That is, of course, if the decision is made to open campus for the fall semester and welcome students back. Without an operational fall semester, football won’t start on time. Swarbrick and other Power Five commissioners made that clear after an April conference call with Vice President Mike Pence.

But an on-campus fall semester means government officials, health experts and university administrators decided football is safe to play. And to start it on time, the team needs to begin conditioning work in early or mid-July, Swarbrick and head coach Brian Kelly have said.

Notre Dame’s summer term runs through July 24. Matching up with the no-campus, no-football logic from the phone call with Pence, it would seem unlikely any group of students or athletes could be cleared to return to campus if summer goes fully online. Swarbrick, though, indicated the idea that sports teams need a fully open campus to begin training is not necessarily true.

“In the interest of safety there, just as with the decision to open the dorms,” Swarbrick said. “You have to figure out a way to assemble those students, to put them in an environment that’s safe, whether it’s a residence hall or you make other accommodations to feed them and prepare them for the season.”

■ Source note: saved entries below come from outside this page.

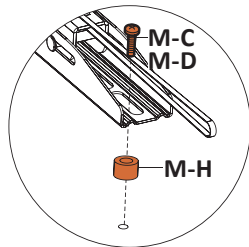

Общие габариты

Примечание: размеры указаны в миллиметрах.

Инструкция по установке

Набор крепежа

Инструменты

Примечание: инструменты не входят в комплект поставки за исключением пузырькового уровня.

Установка

1

Воспользуйтесь пузырьковым уровнем, его правильное расположение отмечено ✓

2a

2b

2c

3

Внимание!

Для установки ТВ на кронштейн требуется два человека.

Внимание!

Для установки ТВ на кронштейн требуется два человека.

Технические характеристики

- Модель: LP46-44T.
- Торговая марка: DEXP.
- Максимальная нагрузка: 50 кг.
- Диагональ экрана ТВ: 32–55”.
- Макс. расстояние от стены: 40 мм.
- Тип регулировки: наклон.
- Угол наклона вниз: 12°.
- Угол поворота: нет.
- Стандарты VESA: 200 × 200, 300 × 200, 300 × 300, 400 × 200, 400 × 400.
- Область применения: бытовое.

Notre Dame has not announced a date for a ruling on whether to reopen for the fall semester. That decision will be Jenkins’ to make, but not before gathering input from public health officials. It’s also possible state government orders make the decision for him. The school’s preference is to do anything possible to reopen if circumstances allow, Swarbrick said.

“I’m not speaking for Fr. John to say especially at a residential college like this, there’s a huge desire to get back on campus,” Swarbrick said. “It’s so central to who we are and we want to figure it out.”

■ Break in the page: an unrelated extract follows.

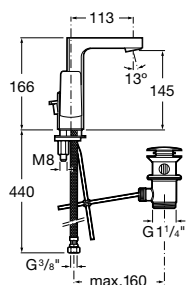

Umývadlová nástenná páková podomietková batéria, chróm

75A4701C00

Kg

chróm

361,88 €

Possible Schedule Changes Not A Concern

One of the many possible models for an altered 2020 college football season is shortening it to conference games. Individual conferences would make that decision, leaving Notre Dame’s schedule with more moving parts than any other Power Five team. The Irish have teams from six conferences on the 2020 slate.

Swarbrick isn’t worried, though.

“We’re very comfortable that if it goes that way, we’ll be fine and we’ll be able to play a high-quality, full schedule with the same number of games other teams play,” Swarbrick said.

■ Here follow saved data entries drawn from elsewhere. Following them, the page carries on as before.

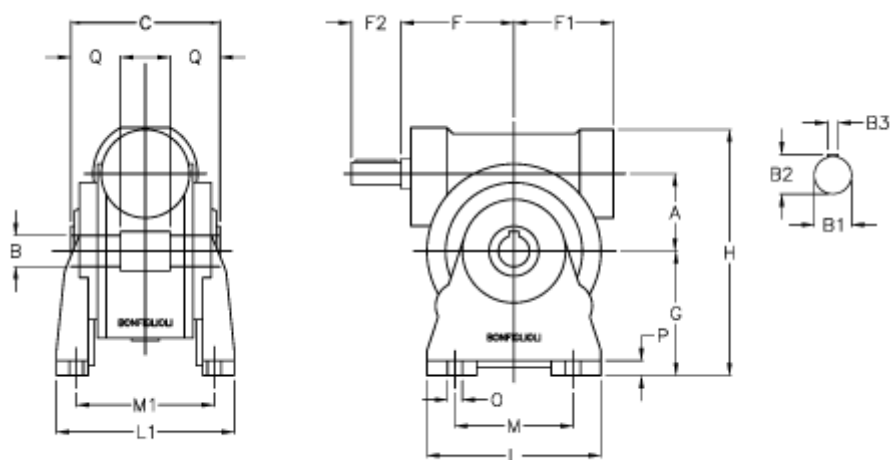

Varenummer: 3901030060200
 Beskrivelse: Snekkegear med fri indgangsaksel
 VF 30A-60-HS

Mål

a	= 30.0	F1	= 46	P	= 8
B	= 14	g	= 55	Q	= 20.5
B1 E7	= 9	H	= 105		
B2	= 10.2	L	= 80		
B3 H9	= 3	L1	= 80		
Betegnelse	= VF 30A-xx-HS	m	= 50		
C	= 55	M1	= 66.0		
F	= 50.0	O	= 6.5

In conversations with colleagues around college athletics, Swarbrick has floated one suggestion that would help not only Notre Dame, but all schools. He calls it a “conference plus one” model where teams play their conference slate and keep one non-league game. In many cases, an annual non-conference rivalry game is more important to an athletic department and its fans than some conference ones.

Four ACC teams, for example, have yearly series against SEC opponents. USC and Stanford have the annual series with Notre Dame. The Cy-Hawk game is the state of Iowa’s peak mania. That’s not including one-off neutral-site series or high-profile home-and-homes that happen each year, like Oregon versus Ohio State, Michigan versus Washington and Texas versus LSU this year.

“There are so many great conference games, traditional rivalries that occur among schools,” Swarbrick said. “Great rivalries in Florida, for example. Clemson-South Carolina. You protect those and build your schedule around conferences. We would love Wisconsin to still be able to play Notre Dame at Lambeau Field or Arkansas to still visit. We’ll have to see how that evolves.”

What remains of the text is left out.